For now, I’m still inclined to believe North Andover School officials went overboard with the punishment.

The truth, whatever it is, always comes out in the end, so we’ll have to wait and see.

Erin Cox

{ 2 comments… read them below or add one }

Karen October 19, 2013 at 11:12 am

As a high school teacher in Texas, this story is interesting. Upon reading the first article there were many elements which were unclear, as were the three other articles I read on the same subject. Here are my observations:

1. I’m glad I don’t teach in Massachusetts. The connection between what happens out of school versus what happens in school makes teachers and coaches the policemen of children who are not in their control most of the time.

2. The school was verbatim following a policy which governs extracurricular athletics in Massachusetts. And they aren’t backing down, which is odd for a school because typically schools cave under pressure. Lawsuits are expensive and tend to make the institution look really stupid. (And very well might lead to an administrator getting fired.)

3. The family of the girl is espousing many points which aren’t concretely proven. That might be the fault of the media, but it is bothersome to me because these points are consistently unproven.

4. The police officer sent an email confirming she wasn’t drunk. The “summons” (I’m assuming is synonymous for “ticket”) was for “minor in possession”. Those two things are different. The extra curricular athletic policy in Massachusetts doesn’t differentiate between inebriation and possession either.

5. This totally could have happened to me twenty years ago.

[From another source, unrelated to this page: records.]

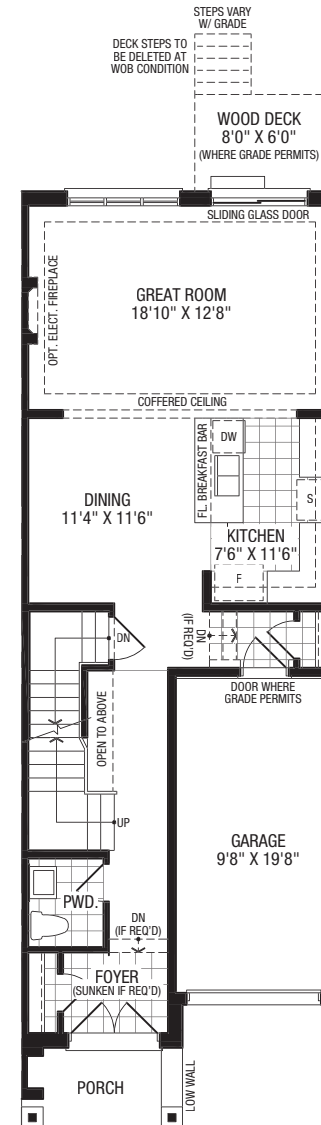

Santana

Elevation A – 1800 ft²
 Elevation B – 1797 ft²
 3 Bedrooms

20' Towns

A

B

A

Ground Floor

Upper Floor
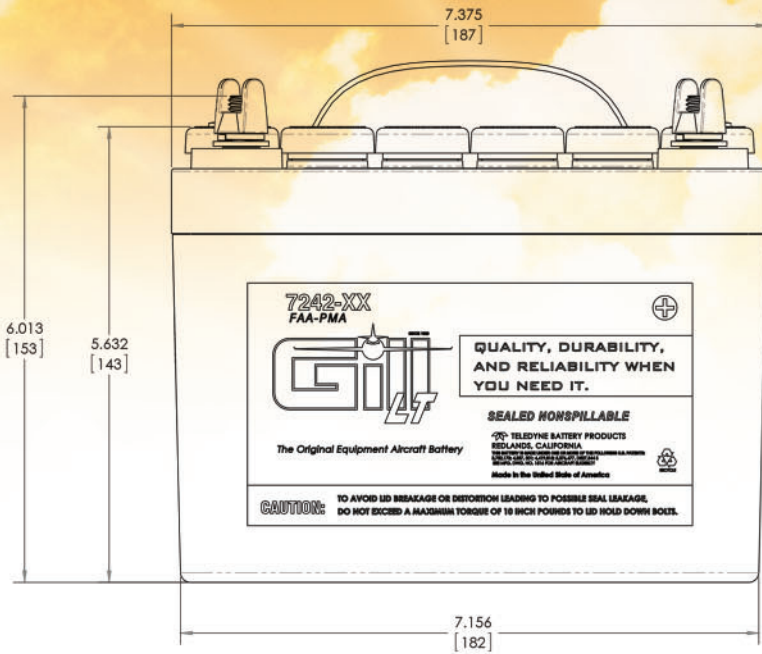

<b>FAA-PMA APPROVED</b>	
<b>MAKE</b>	<b>MODEL</b>
<b>Cessna</b>	F152, FA152, F172N, FR172K, FR182Q, FR182, 152, A152, 172N, R172K, 177B, 177RG, 180K, 182Q, R182, A185F, A188B, T188C, T206H, TU206G, U206G, 207A, T207A, 210M, 210N, 210R, P210N, T210M, T210N, T210R, 337H, FT337HP, P337H, T337H, T337H-SP
<b>Beechcraft</b>	C23, C24R, F33C, V35B, A36, G36, D55, D55A, E55, E55A, 58TC, 58TCA, 76, 95-55, 95-A55, 95-B55, 95-B55A
<b>Mooney</b>	M20J, M20K
<b>Piper</b>	PA-31, PA-31-300, PA-31-325, PA-31-350, PA-36-285, PA-36-300
<b>Socata</b>	TB9, TB10, TB20, TB21, TB200
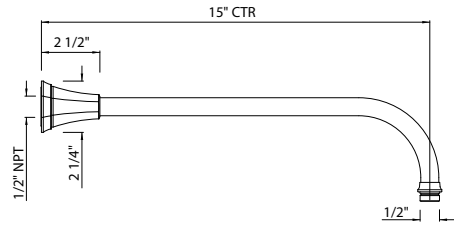

U.5184 15" Reach Wall Mount Shower Arm

Suggested Retail Price

	APC	PN	STN	EG	ULB
U.5184	402	483	503	571	571

- Complements Deco™ collection and other transitional designs

6. There’s a video somewhere. In teenage culture everything is on video these days. Who knows what is shows. Probably said video lives in someone’s phone, as opposed to the World Wide Web, because teenagers who film everything realize the power of video, the societal rules of mean girls which governs it and them, and the significance of palpable drama, so such things are often kept very close within the culture, at least in their minds.

7. Notice I said “at least in their minds”. That culture talks constantly and isn’t particularly careful. And if the adults have an ear out, someone got the information, FYIed the boss, the boss now has a copy of the video, and the owner of it will stay anonymous because he/ she is a minor and will be protected, unless a judge “demands” to know who did the filming and wants it shared with all parties. Probably it won’t get that far because once everyone knows there is a video for sure and the school has it, this issue will magically disappear.
And if the girl has enemies, the whole thing now becomes a teenage pilgrimage of “right” and that video was volunteered to the proper authorities. Either way, we won’t know and the story will disappear once all the information is disclosed.

8. I keep hearing about a “lost scholarship”. No article speaks of a lost scholarship. I’m assuming the parent is concerned about the potential for losing an athletic scholarship, which is probably what everything boils down to anyway: money. The reality is this: if the kid is talented, and her grades are good, and she/ HER FAMILY isn’t difficult, the coaches and the school will make it happen. Scholarship athletes make high schools look good. Win/ win for everyone.

9. I hate it when parents talk openly about their children being “emotionally fragile”. True or not, I don’t think it’s healthy for kids to hear their parents say they are weak. Instead, I’d rather have a parent say, “My child is an emotional badass, has strength of character to persevere, and this is wrong and we are fighting because that is what strong people do”, true or not.

10. Honestly, I think we are missing the bigger picture because someone is freaking out about a six-game suspension: underage drinking is a serious problem in the United States. I could go on and on about this, but I’ll save it for my own blog! 🙂

Bill, I love the OCD diaries. I can’t remember how I discovered it, but I love your perspective and although I’m not OCD, I have my own demons and totally identify with much of your discussion often. Keep writing and totally keep the heavy metal theme music. It’s awesome!


BC January 13, 2014 at 1:00 pm

As I’ve said before, when have you ever seen a case where the poor victim isn’t by the lawyer’s side telling her story to the media. In this case, you have never seen Erin Cox talk to the media.